Persistence & Privilege
The skill modifies the user's OpenClaw configuration (~/.openclaw/openclaw.json) and writes workspace files (~/.openclaw/workspace/*). It does not set always:true, which is appropriate, but these filesystem/config modifications are persistent and have system impact. Combined with its ability to spawn sub-agents, this grants it meaningful operational privilege — acceptable for a model manager but important for users to understand before enabling automatic modes.

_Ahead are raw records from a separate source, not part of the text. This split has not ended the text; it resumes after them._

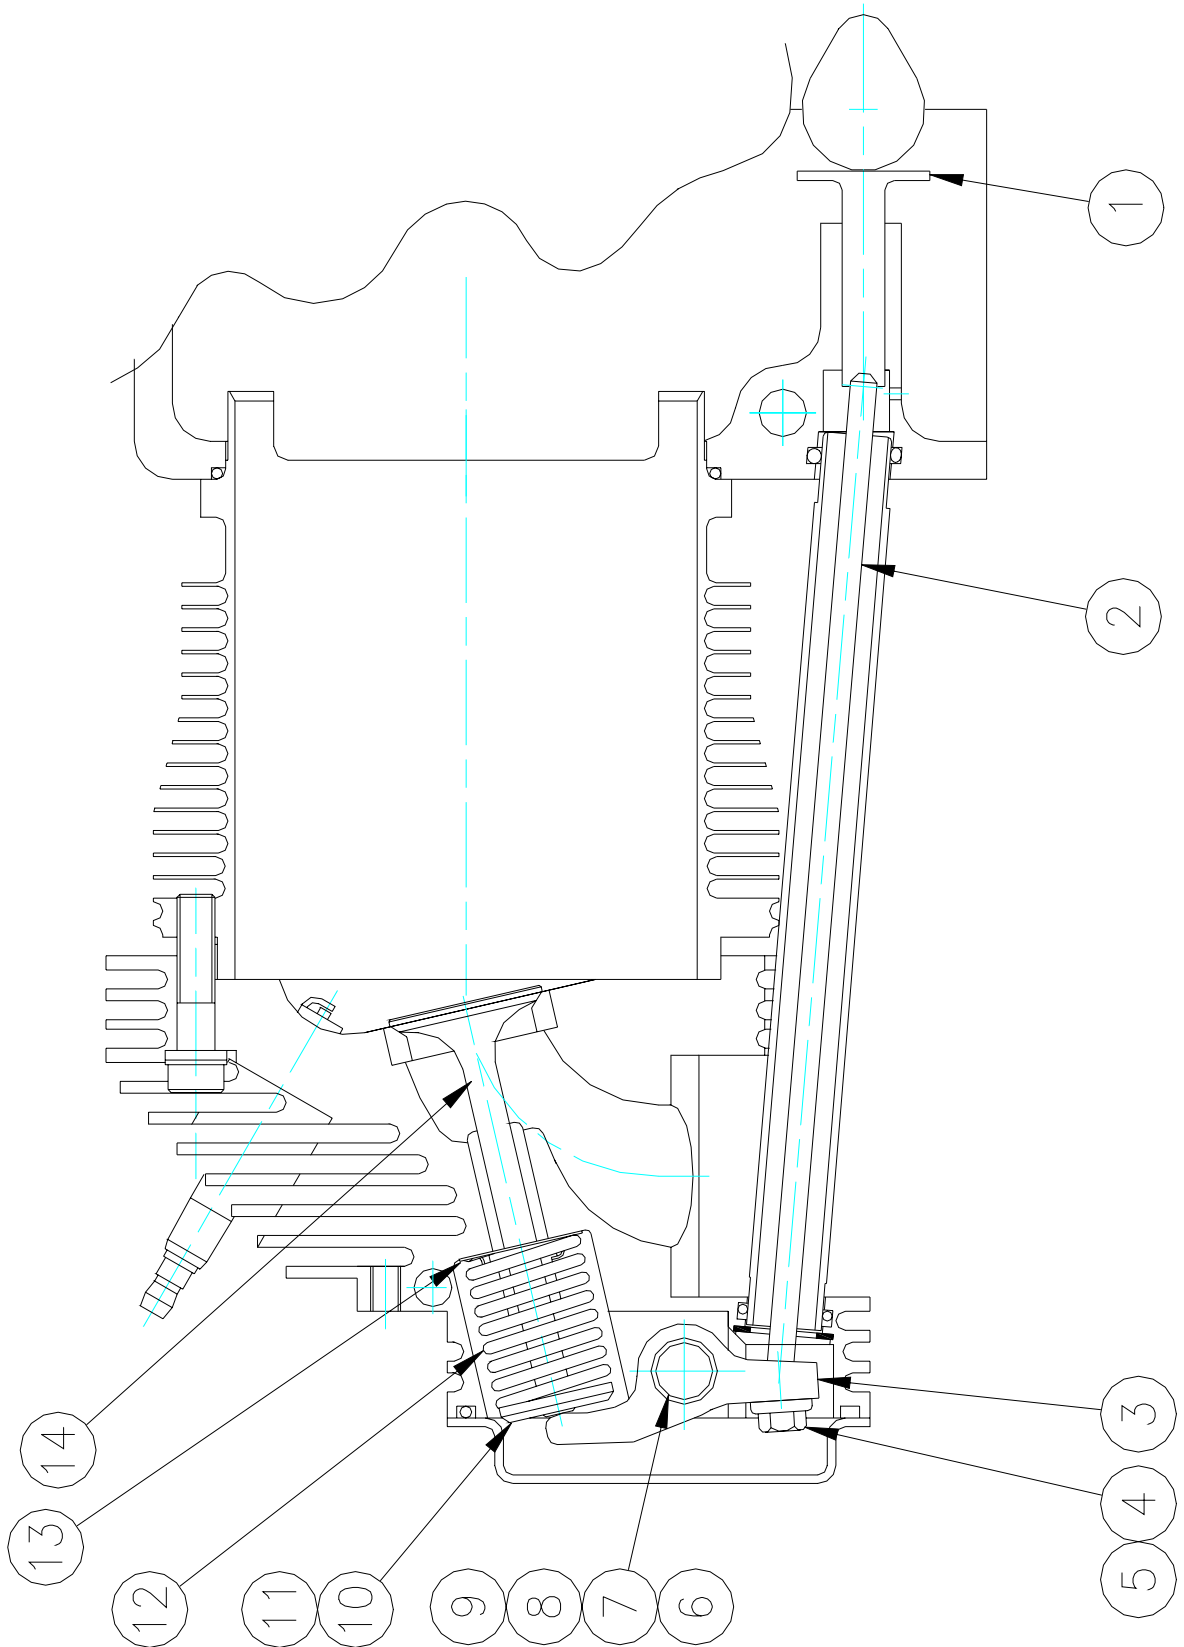

Jabiru 3300 Engine

9412053/2

Jabiru 3300 Engine

Section E: LUBRICATION SYSTEM

ITEM	PART #	ISS	DESCRIPTION	QTY	
1	PG10162N	1	OIL FILTER	1	
	4120534	2	FITTING - OIL FILTER	1	
2		1	OIL PUMP HOUSING	1	NSS
	PH0625N		CAP SCREW 1 1/4 X 5/16UNC	4	
3		1	OIL PUMP OUTER GEAR	1	NSS
4	PH115334	1	KEY WOODRUFF	1	
5		1	OIL PUMP INNER GEAR	1	NSS
6	PG10122N		'O'RING BS143V	1	
7	4280044	5	BACKING PLATE	1	
8	PX101324	1	SPRING PRESSURE RELIEF	1	
9	4536064	3	VALVE RELIEF	1	
10	PH06864	1	WASHER	1	
11	PH10142N		CIRCLIP	1	
12	PI10182N		OIL PRESSURE SENDER	1	
13	4649084	1	OIL PICKUP TUBE	1	
14	AN960-416		WASHER (OPTION)	1

What to consider before installing
This skill is not clearly malicious, but it has several surprising behaviors you should consider before installing or running it: - Undeclared dependency: The code calls the 'openclaw' CLI (openclaw sessions spawn) but the skill metadata does not list any required binaries. Confirm you have the 'openclaw' binary and understand what 'openclaw sessions spawn' does in your environment. - Broad filesystem access: Utilities (smart_find.py, smart_map.py) and the sub-agent prompts will read and write files in the current directory and under ~/.openclaw. Do not run this in directories containing sensitive data (home, projects with secrets) unless you audit the code and accept the risk. - Sub-agent execution: The optional --execute mode launches sub-agents that receive tasks and prompts to create files and audit code. Those sub-agents may have network access and could transmit data depending on your OpenClaw/OpenRouter configuration. Run initial tests in an isolated environment (container or throwaway VM) and back up ~/.openclaw/openclaw.json first. - Review prompts and code: Inspect prompts.json (it instructs generated agents to use 'write' to create files) and manage_models.py to verify no unexpected network endpoints or data-exfiltration code. The repository includes no hidden remote downloads, which reduces supply-chain risk, but the runtime behavior itself is powerful. If you plan to use this skill: 1) Run it in a safe sandbox first and exercise only 'list' and 'plan' modes without --execute. 2) Back up ~/.openclaw/openclaw.json and any important workspace files. 3) Audit and, if needed, modify the code that spawns sessions to restrict which models/tasks can be launched or to disable automatic execution. 4) Ask the author (or project repo) for clarification about the 'openclaw' CLI dependency and explicit consent flow for spawning sub-agents. If you want, I can produce a short checklist of exact lines to review/change in manage_models.py to limit filesystem or network exposure.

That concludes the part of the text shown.